# Dataset items
****************
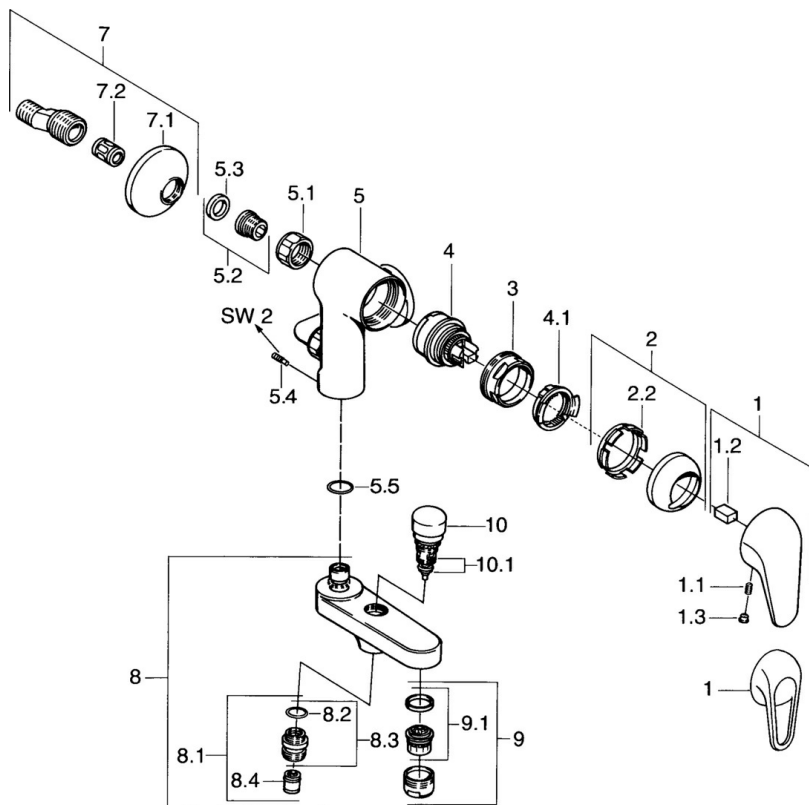

EAN: 4015474675292  
[static.hansa.com/07772101](http://static.hansa.com/07772101)

- Baignoire et douche
- Monocommande
- Montage mural
- Chrome
- Valve(s) anti-retour
- Silencieux

### Caractéristiques techniques

Alimentation en eau chaude	<b>max. +80°C</b>
Pression de service	<b>0.5-10 bar</b>
Dispositif de protection (EN1717)	<b>EB</b>

## Pièces de rechange

### SP01772104

	Nom	Code
1	Levier	59913904
1.1	Vis, M5x8, SW2.5	59904755
1.2	Kit de joints pour bec	59904778
1.3	Bouchon cache trou, hot/cold	59906705
2	Chape	59906563
2.2	Manchon de fixation	59906695
3	Vis Loop, M50x1, SW45	59904775
4	Cartouche, 4,8 eco	59904601
4.1	Hot water limiter	59904759
5.1	Écrou de connexion, G3/4, AF30	59902230
5.2	Siège, G1/2, L, WAF10	59904618
5.3	Joint, 23,9x15,2x2	59902689
5.4	Vis, M4x8 Arrêté	59901419
5.5	Joint, 18x2,5	59902342
7	Excentrique, G3/4xG1/2	59904793
7.1	Rosaces	59904796
7.2	Silencieux	59904792
8	Bec Arrêté	59911383
8.1	Mamelon de fil, G1/2xM18x1	59911384
8.2	Joint, d 15x1,2	59911395
8.4	Clapet anti-retour	59905714
9	Aérateur, M28x1 D	59907198
10	Inverseur	59910803
10.1	Set de fixation pour bec	59904791
N.I.	Cache Arrêté	59912753
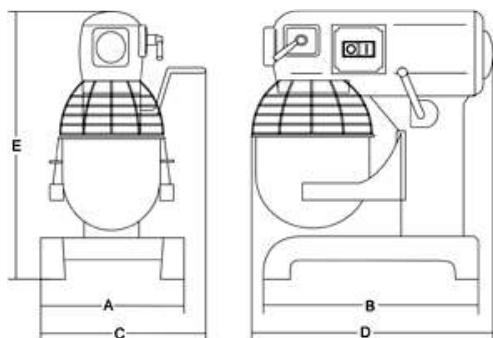

Sirman Spa
Viale dell'Industria 9/11
35010 PIEVE DI CURTAROLO (PD), Italy
Tel./Fax. +39 049 9698666 / +39 049 9698688
email: info@sirman.com

Sirman Тестомесы спиральные , model Plutone 20 :

- Прочная конструкция из окрашенного сплава.
- Защита чаши металлическим проводом.
- Легко снимаемая чаша из нержавеющей стали 304.
- Предохранительное устройство при открывании и опускании чаши.
- 3 легко снимаемые рабочие насадки:
 - .лопатка и крюк из алюминиевого сплава;
 - .венчик из алюминиевого сплава и стали.
- Механическое переключение передач с 3 скоростями.
- Система редукции со стальными зубьями.
- Вентилируемый двигатель.

спецификация

технические данные

Модель	Plutone 20
Мощность	watt 1100
Электропитание	230V/50Hz
Обороты/мин 1	r.p.m. 97
Обороты/мин 2	r.p.m. 220
Обороты/мин 3	r.p.m. 316
Вместимость	lt 20
A	mm 420
B	mm 440
C	mm 515
D	mm 560
E	mm 770
Вес нетто	kg 99
Размеры упаковки	mm 570x630x920
Вес брутто	kg 125
HS-CODE	84381090
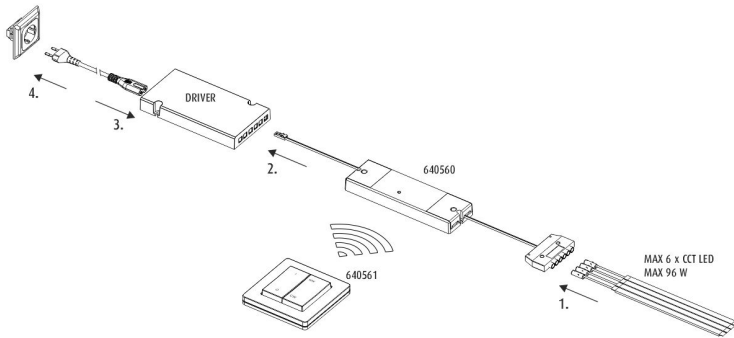

KIT-CCT 4M, VIRTALÄHDE+SÄÄDIN

Smart Luxus CCT
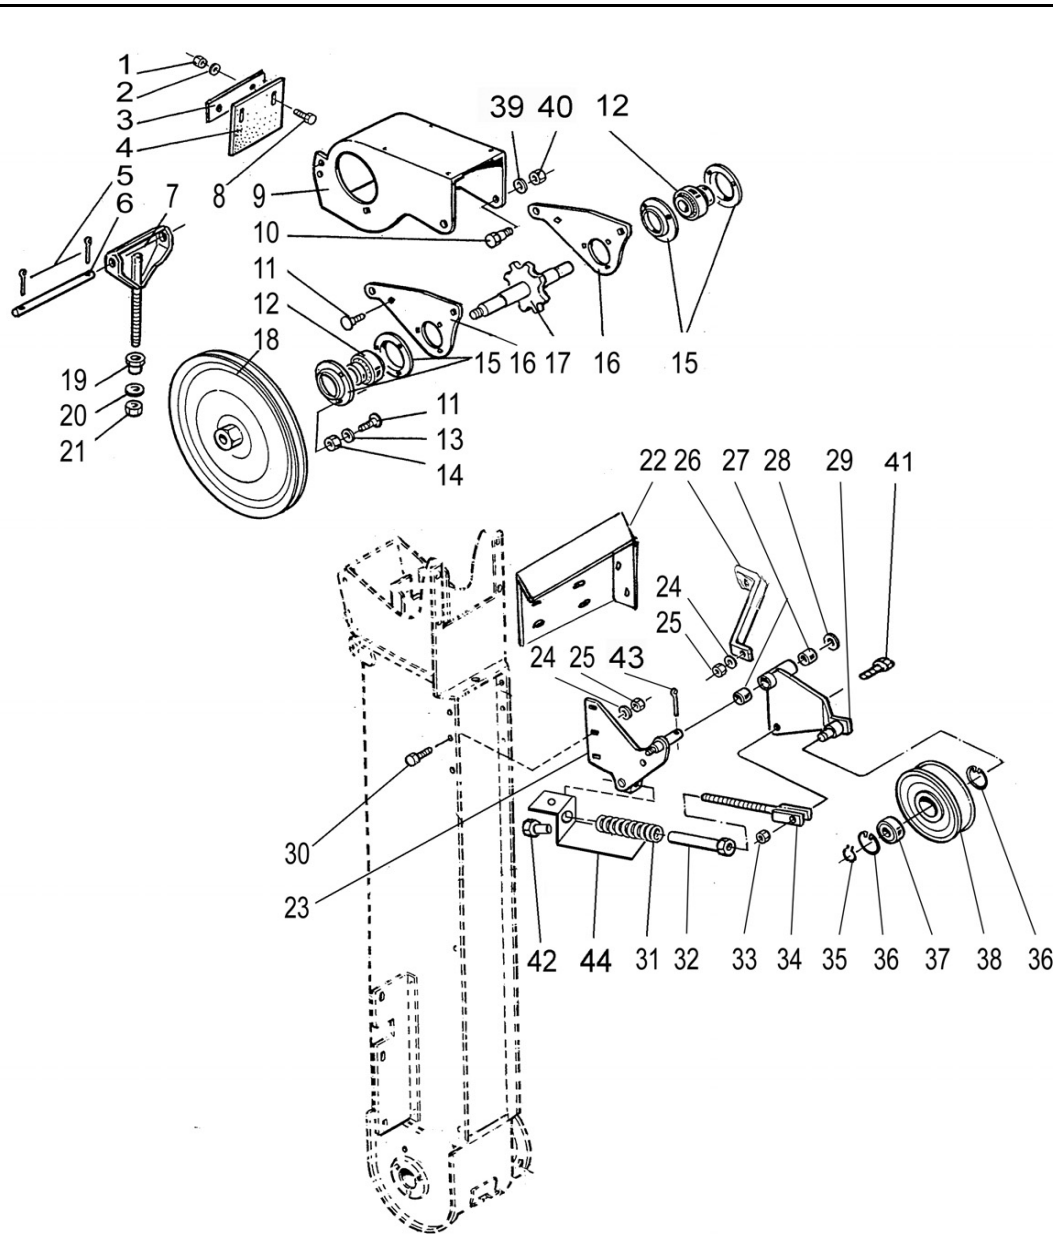

Viljaleväättöörin käyttöakseli
Grainelevator's drive shaft

Körnererelevator antriebswelle
Привод зернового элеватора

13BA

1	6593838	2	Lukkomutteri	Lock nut	Sich. Mutter	Гайка контрольная
2	7414055	2	Aluslaatta	Washer	Scheibe	Шайба
3	R694640	1	Tuki	Support	Stütze	Опора
4	R694401	1	Tiiviste	Packing	Dichtung	Уплотнитель
5	7812204	2	Saksisokka	Split pin	Splint	Шплинт
6	R694347	1	Akseli	Shaft	Welle	Вал
7	R694348	1	Kiristin	Tightener	Spanner	Храповик
8	6753644	2	Lukkoruuvi	Lock screw	Sich. Schraube	Винт стопорный
9	R706584	1	Kansi	Cover	Deckel	Покрышка
10	R694407	2	Ruuvi	Screw	Schraube	Винт
11	6758544	15	Lukkoruuvi	Lock screw	Sich. Schraube	Винт стопорный
12	0511360	2	Kuulalaakeri	Bearing	Lager	Подшипник
13	7414469	14	Jousilaatta	Spring washer	Federscheibe	Шайба Гровера
14	6506234	14	Mutteri	Nut	Mutter	Гайка
15	0569321	4	Laippa	Flange	Flansch	Фланец
16	R706564	2	Laakerilevy	Plate	Lagerblech	Пластина
17	R694403	1	Akseli	Shaft	Welle	Вал
18	0660069	1	Hihnapyörä	Pulley	Riemenscheibe	Шкив
19	R694402	1	Mutteri	Nut	Mutter	Гайка
20	7414016	2	Aluslaatta	Washer	Scheibe	Шайба
21	6594438	1	Mutteri	Nut	Mutter	Гайка
22	R706591	1	Tukilevy	Support plate	Stützscheibe	Опорная пластина
23	R706593	1	Teline	Rack	Sockel	Шасси
24	7400032	16	Aluslaatta	Washer	Scheibe	Шайба
25	6594038	14	Lukkomutteri	Lock nut	Sich. Mutter	Гайка контрольная
26	R697277	1	Tuki	Support	Stütze	Опора
27	0552076	2	Holkki	Bush	Büchse	Втулка
28	7400038	1	Aluslaatta	Washer	Scheibe	Шайба
29	R698083	1	Varsi	Arm	Arm	Ручка
30	6221467	14	Ruuvi	Screw	Schraube	Винт
31	0415225	1	Jousi	Spring	Feder	Пружина
32	R663254	1	Kierreholkki	Bush	Büchse	Втулка
33	6594238	1	Lukkomutteri	Lock nut	Sich. Mutter	Гайка контрольная
34	R663251	1	Tanko	Lever	Hebel	Рычаг
35	7815017	1	Varmistinrenkas	Circlip	Sicherungsring	Пружинный кольцевой замок
36	7815238	2	Varmistinrenkas	Circlip	Sicherungsring	Пружинный кольцевой замок
37	0502364	1	Laakeri	Bearing	Lager	Подшипник
38	0660007	1	Kiristyspyörä	Wheel	Riemenspanner	Колесо
39	7400033	2	Aluslaatta	Washer	Scheibe	Шайба
40	6594148	2	Lukkomutteri	Lock nut	Sich. Mutter	Гайка контрольная
41	6232177	1	Ruuvi	Screw	Schraube	Винт
42	R699897	1	Lukkomutteri	Lock nut	Sich. Mutter	Гайка контрольная
43	7814205	1	Jousisokka	Spring pin	Spannstift	Палец мотовила
44	R709390	1	Mittari	Meter	Meter	Счетчик
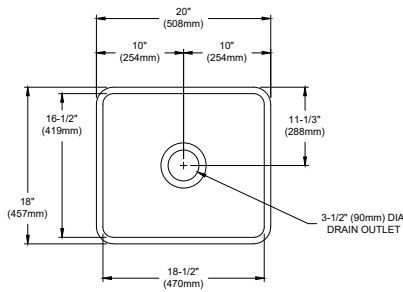

1136-001-0120

Classico 20
Tezgah Önü Tek Göz Mutfak Eviyesi 50 cm
Apron Front Single Bowl Kitchen Sink 50 cm
Lavello Con Vasca Singola Frontale 50 cm
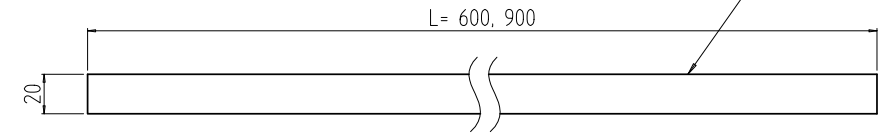

変更 REVISIONS			
回数 REV. MARK	日付 DATE	記事 CONTENTS	変更者 REVISED BY

A-A (1 : 4)

アングル用ゴム詳細 (1 : 4)

クッションゴム詳細 (1 : 4)

2	08		アングル用ゴム 980	ネオレンゴム t3.0x30	
2	07		アングル用ゴム 600		「ブラック」片面接着テープ貼付
2	06		クッションゴム 900	CR緑丸スポンジ C-4305 15.0	
2	05		クッションゴム 600		
4	04		C-2ベース	SPHC t4.5 取付ボルト M2.2x125L	「黒」カチオン電着塗装
2	03		アングル W600	等辺山形鋼 t5x40x40	「ブラック」N1.0塗装
2	02		アングル D900		
1	01		NAOレバラ付架台604090	ネオレンゴム t7x100x75/t7x125x75 取付ボルト t6x75x75 / 厚紙 t2	
個数 QUANTITY	No.	図番 DRAWING No.	部品名 PART NAME	材質 MATERIAL	仕上 FINISH
MODEL	単位 UNIT	mm	設計 DESIGNED	検 CHECKED	承認 APPROVED
NAO-604090CBL	型式	1 : 8	図名 TITLE		
			品名 NAME		
			型式 MODEL		
			図番 DRAWING No.		
			NAO-035011		

外觀寸法

品名 NAO レバラ付架台

型式 NAO-604090CBL

図番 NAO-035011

IDEAL 摂津金属工業株式会社
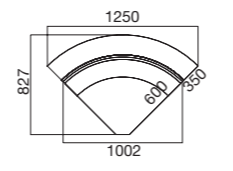

curvo top legno
60° interno

curvo top vetro
90° esterno

curvo top legno
90° esterno

curvo top vetro
90° interno

curvo top legno
90° interno

piano dritto 90-120-160
top vetro

piano dritto 90-120-160
top legno
****************
# EXERCISE REQUIREMENTS
Every line of the data should be copied as it stands, without the images.

# EXERCISE OUTPUT
EAN: 4015474675292  
[static.hansa.com/07772101](http://static.hansa.com/07772101)

- Baignoire et douche
- Monocommande
- Montage mural
- Chrome
- Valve(s) anti-retour
- Silencieux

### Caractéristiques techniques

Alimentation en eau chaude	<b>max. +80°C</b>
Pression de service	<b>0.5-10 bar</b>
Dispositif de protection (EN1717)	<b>EB</b>

## Pièces de rechange

### SP01772104

	Nom	Code
1	Levier	59913904
1.1	Vis, M5x8, SW2.5	59904755
1.2	Kit de joints pour bec	59904778
1.3	Bouchon cache trou, hot/cold	59906705
2	Chape	59906563
2.2	Manchon de fixation	59906695
3	Vis Loop, M50x1, SW45	59904775
4	Cartouche, 4,8 eco	59904601
4.1	Hot water limiter	59904759
5.1	Écrou de connexion, G3/4, AF30	59902230
5.2	Siège, G1/2, L, WAF10	59904618
5.3	Joint, 23,9x15,2x2	59902689
5.4	Vis, M4x8 Arrêté	59901419
5.5	Joint, 18x2,5	59902342
7	Excentrique, G3/4xG1/2	59904793
7.1	Rosaces	59904796
7.2	Silencieux	59904792
8	Bec Arrêté	59911383
8.1	Mamelon de fil, G1/2xM18x1	59911384
8.2	Joint, d 15x1,2	59911395
8.4	Clapet anti-retour	59905714
9	Aérateur, M28x1 D	59907198
10	Inverseur	59910803
10.1	Set de fixation pour bec	59904791
N.I.	Cache Arrêté	59912753

Sirman Spa
Viale dell'Industria 9/11
35010 PIEVE DI CURTAROLO (PD), Italy
Tel./Fax. +39 049 9698666 / +39 049 9698688
email: info@sirman.com

Sirman Тестомесы спиральные , model Plutone 20 :

- Прочная конструкция из окрашенного сплава.
- Защита чаши металлическим проводом.
- Легко снимаемая чаша из нержавеющей стали 304.
- Предохранительное устройство при открывании и опускании чаши.
- 3 легко снимаемые рабочие насадки:
 - .лопатка и крюк из алюминиевого сплава;
 - .венчик из алюминиевого сплава и стали.
- Механическое переключение передач с 3 скоростями.
- Система редукции со стальными зубьями.
- Вентилируемый двигатель.

спецификация

технические данные

Модель	Plutone 20
Мощность	watt 1100
Электропитание	230V/50Hz
Обороты/мин 1	r.p.m. 97
Обороты/мин 2	r.p.m. 220
Обороты/мин 3	r.p.m. 316
Вместимость	lt 20
A	mm 420
B	mm 440
C	mm 515
D	mm 560
E	mm 770
Вес нетто	kg 99
Размеры упаковки	mm 570x630x920
Вес брутто	kg 125
HS-CODE	84381090

KIT-CCT 4M, VIRTALÄHDE+SÄÄDIN

Smart Luxus CCT

Viljaleväättöörin käyttöakseli
Grainelevator's drive shaft

Körnererelevator antriebswelle
Привод зернового элеватора

13BA

1	6593838	2	Lukkomutteri	Lock nut	Sich. Mutter	Гайка контрольная
2	7414055	2	Aluslaatta	Washer	Scheibe	Шайба
3	R694640	1	Tuki	Support	Stütze	Опора
4	R694401	1	Tiiviste	Packing	Dichtung	Уплотнитель
5	7812204	2	Saksisokka	Split pin	Splint	Шплинт
6	R694347	1	Akseli	Shaft	Welle	Вал
7	R694348	1	Kiristin	Tightener	Spanner	Храповик
8	6753644	2	Lukkoruuvi	Lock screw	Sich. Schraube	Винт стопорный
9	R706584	1	Kansi	Cover	Deckel	Покрышка
10	R694407	2	Ruuvi	Screw	Schraube	Винт
11	6758544	15	Lukkoruuvi	Lock screw	Sich. Schraube	Винт стопорный
12	0511360	2	Kuulalaakeri	Bearing	Lager	Подшипник
13	7414469	14	Jousilaatta	Spring washer	Federscheibe	Шайба Гровера
14	6506234	14	Mutteri	Nut	Mutter	Гайка
15	0569321	4	Laippa	Flange	Flansch	Фланец
16	R706564	2	Laakerilevy	Plate	Lagerblech	Пластина
17	R694403	1	Akseli	Shaft	Welle	Вал
18	0660069	1	Hihnapyörä	Pulley	Riemenscheibe	Шкив
19	R694402	1	Mutteri	Nut	Mutter	Гайка
20	7414016	2	Aluslaatta	Washer	Scheibe	Шайба
21	6594438	1	Mutteri	Nut	Mutter	Гайка
22	R706591	1	Tukilevy	Support plate	Stützscheibe	Опорная пластина
23	R706593	1	Teline	Rack	Sockel	Шасси
24	7400032	16	Aluslaatta	Washer	Scheibe	Шайба
25	6594038	14	Lukkomutteri	Lock nut	Sich. Mutter	Гайка контрольная
26	R697277	1	Tuki	Support	Stütze	Опора
27	0552076	2	Holkki	Bush	Büchse	Втулка
28	7400038	1	Aluslaatta	Washer	Scheibe	Шайба
29	R698083	1	Varsi	Arm	Arm	Ручка
30	6221467	14	Ruuvi	Screw	Schraube	Винт
31	0415225	1	Jousi	Spring	Feder	Пружина
32	R663254	1	Kierreholkki	Bush	Büchse	Втулка
33	6594238	1	Lukkomutteri	Lock nut	Sich. Mutter	Гайка контрольная
34	R663251	1	Tanko	Lever	Hebel	Рычаг
35	7815017	1	Varmistinrenkas	Circlip	Sicherungsring	Пружинный кольцевой замок
36	7815238	2	Varmistinrenkas	Circlip	Sicherungsring	Пружинный кольцевой замок
37	0502364	1	Laakeri	Bearing	Lager	Подшипник
38	0660007	1	Kiristyspyörä	Wheel	Riemenspanner	Колесо
39	7400033	2	Aluslaatta	Washer	Scheibe	Шайба
40	6594148	2	Lukkomutteri	Lock nut	Sich. Mutter	Гайка контрольная
41	6232177	1	Ruuvi	Screw	Schraube	Винт
42	R699897	1	Lukkomutteri	Lock nut	Sich. Mutter	Гайка контрольная
43	7814205	1	Jousisokka	Spring pin	Spannstift	Палец мотовила
44	R709390	1	Mittari	Meter	Meter	Счетчик

1136-001-0120

Classico 20
Tezgah Önü Tek Göz Mutfak Eviyesi 50 cm
Apron Front Single Bowl Kitchen Sink 50 cm
Lavello Con Vasca Singola Frontale 50 cm

変更 REVISIONS			
回数 REV. MARK	日付 DATE	記事 CONTENTS	変更者 REVISED BY

A-A (1 : 4)

アングル用ゴム詳細 (1 : 4)

クッションゴム詳細 (1 : 4)

2	08		アングル用ゴム 980	ネオレンゴム t3.0x30	
2	07		アングル用ゴム 600		「ブラック」片面接着テープ貼付
2	06		クッションゴム 900	CR緑丸スポンジ C-4305 15.0	
2	05		クッションゴム 600		
4	04		C-2ベース	SPHC t4.5 取付ボルト M2.2x125L	「黒」カチオン電着塗装
2	03		アングル W600	等辺山形鋼 t5x40x40	「ブラック」N1.0塗装
2	02		アングル D900		
1	01		NAOレバラ付架台604090	ネオレンゴム t7x100x75/t7x125x75 取付ボルト t6x75x75 / 厚紙 t2	
個数 QUANTITY	No.	図番 DRAWING No.	部品名 PART NAME	材質 MATERIAL	仕上 FINISH
MODEL	単位 UNIT	mm	設計 DESIGNED	検 CHECKED	承認 APPROVED
NAO-604090CBL	型式	1 : 8	図名 TITLE		
			品名 NAME		
			型式 MODEL		
			図番 DRAWING No.		
			NAO-035011		

外觀寸法

品名 NAO レバラ付架台

型式 NAO-604090CBL

図番 NAO-035011

IDEAL 摂津金属工業株式会社

curvo top legno
60° interno

curvo top vetro
90° esterno

curvo top legno
90° esterno

curvo top vetro
90° interno

curvo top legno
90° interno

piano dritto 90-120-160
top vetro

piano dritto 90-120-160
top legno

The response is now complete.